(Records from a data collection)

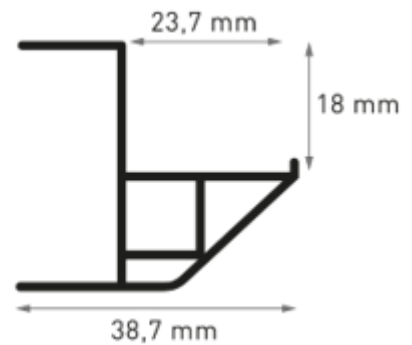

Digitaal passtuk voor....

Lamella 30.

Normaal profiel:

Triple profiel:

Is er meer dan 15 mm ruimte? Kies dan voor het normale profiel. Indien er minder dan 15 mm ruimte is, kies dan voor het triple profiel.
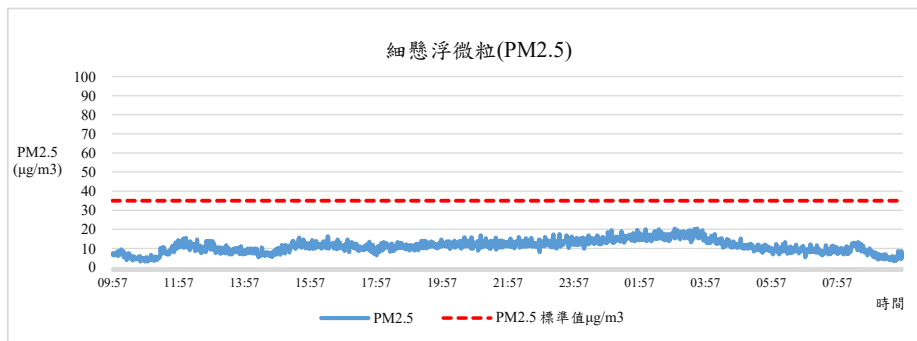

# 國立中興大學 室內空氣品質監測紀錄

監測日期:2019/11/26

單位名稱:理工大樓1F農業暨自然資源學院 景觀與遊憩學士學位學程、碩士學位學程辦公室

> [WHAT THE TASK REQUIRES]: Each line above with the string "voor" should be reported in full.

> [TASK OUTPUT]:
Digitaal passtuk voor....
Is er meer dan 15 mm ruimte? Kies dan voor het normale profiel. Indien er minder dan 15 mm ruimte is, kies dan voor het triple profiel.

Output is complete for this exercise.